* [PROBLEM TO WORK ON]: Taking the line with "Num quarto tropical B" as the first and the line with "Café, batucada me chama pra ver B Dbm" as the last, set down exactly every line in that range from the entries below, and no more.

### RECORDS SUPPLIED ###

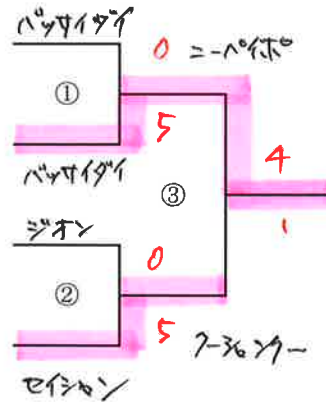

第69回岩手県民体育大会

空手道競技 種目別入賞者一覧

平成29年7月2日

岩手県営武道館

	第1位	第2位	第3位	第3位
成年男子形	近藤 大樹	坂本 拓功	野田 康太	橋本 勝
	盛岡市	岩手医大	大船渡市	遠野市
成年女子形	大坊 沙理菜	佐々木 李紗	綱取 佐穂子	中居 和佳子
	矢巾町	紫波町	大槌町	盛岡市
成年男子組手軽量級	菊池 瑠偉	成田 直樹	熊居 直樹	
	遠野市	盛岡市	奥州市	
成年男子組手中量級	高橋 賢司	橋本 勝	坂本 拓功	吉田 大河
	盛岡市	遠野市	岩手医大	盛岡市
成年男子組手重量級	石塚 将也	佐々木 貴弘		
	盛岡市役所	遠野市		
成年女子組手	北山 あり	中世古 なつき	綱取 佐穂子	菊池 亜美紗
	釜石市	遠野市	大槌町	遠野市

## ○成年女子 形

- 1 網取 佐穂子 (大槌町)
- 2 大坊 沙理菜 (矢巾町)
- 3 中居 和佳子 (盛岡市)
- 4 佐々木 季紗 (紫波町)
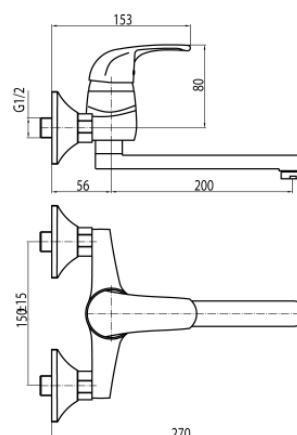

Seria Logic

Bateria kuchenna ścienna

Kod	Element sterujący	Klasa przepływu	Przyłącza	EAN13
2450940	mieszacz $\Phi 40$ niski	A	G1/2	5907451965603

**Zastosowanie:**

Do stosowania w instalacjach zimnej i ciepłej wody w budynkach
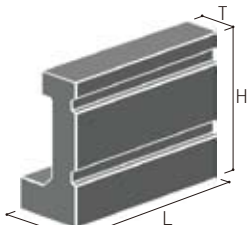

植込柵

受注生産

都市空間になくてはならないグリーンゾーンを美しく演出する「植込柵」。

グリーンゾーンや街並みを美しく演出し、人と季節の流れ、自然とのふれあいをより潤いのあるものにします。

植込柵

基本

角形コーナー[内・外]

丸形コーナー[外]

■データ

基本

角形コーナー[内・外]

丸形コーナー[外]

品名	形式	H	L	T	重量(kg/枚)
植込柵	基本	700	600	120	118
		700	900	120	177
		800	600	120	135
		800	900	120	203
	角形コーナー(外)	700	300	120	94
	丸形コーナー(外)	700	300	120	74
角形コーナー(内)	700	300	120	94	

デザイン植込柵

※レリーフデザインはご要望に応じて特別注文品にて対応いたします。

W2(基本)

W7(基本)

コーナー(外)

■データ

W2[基本]

W7[基本]

W7[コーナー]

品名	形式	H	L	A	T	重量(kg/枚)	
デザイン植込柵	W2/W7[基本]	H600用	600	900	360	150	158
		H700用	700	900	420	150	183
	コーナー[外]	H600用	600	450	-	150	-
		H700用	700	450	-	150	-

■カラーバリエーション

擬石

稲田M
[仕上げ/ショット]

擬石

鎌田M
[仕上げ/ショット]
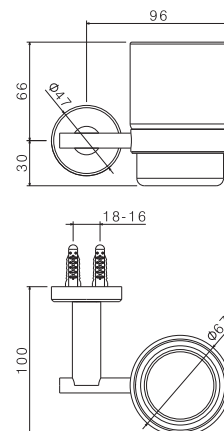

TIBER STEEL ACCESSORI

TIBER STEEL ACCESSORI

V17300

Supporto con bicchiere a muro.

Tumbler holder.

AC.005 acciaio inox / stainless steel

V17310

Porta salviette LL. 600 mm.

Towel bar length mm 600.

AC.005 acciaio inox / stainless steel

V17311

Porta salviette LL. 400 mm.

Towel bar length mm 400.

AC.005 acciaio inox / stainless steel

TIBER STEEL ACCESSORI

V17315

Appendino doppio.

Double hook.

AC.005 acciaio inox / stainless steel

TIBER STEEL ACCESSORI

V17340

Porta scopino completo a muro.

Complete toilet brush holder.

AC.005 acciaio inox / stainless steel
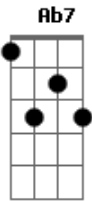

Chiclete Com Banana - Abraço de Quintal

tom:

Intro: Dbm B G

Dbm
 Eu quero beijo em peso
 Abraço de quintal Ab7
 Do seu amor eu quero tonelada Dbm
 Um terço para um berço Ab7
 Num quarto tropical B
 Na fé do mundo eu vejo, madrugada Dbm

Acordes

© ukulele-chords.com

© ukulele-chords.com

© ukulele-chords.com

© ukulele-chords.com

Atrás da cortina manhã não demora B Dbm
 Café, batucada me chama pra ver B Dbm
 No jogo do tempo a vida tem hora B Dbm
 No meu firmamento só brilha você Dbm Ab7
 Vumbora embora, vem simbora Dbm
 O nosso love tá na hora Ab7
 Quem é de briga tá por fora Dbm
 Eu sou de beijo, quero um beijo agora

###

* [ANSWER FOR THE TASK]:
 Num quarto tropical B
 Na fé do mundo eu vejo, madrugada Dbm

Acordes

© ukulele-chords.com

© ukulele-chords.com

© ukulele-chords.com

© ukulele-chords.com

Atrás da cortina manhã não demora B Dbm
 Café, batucada me chama pra ver B Dbm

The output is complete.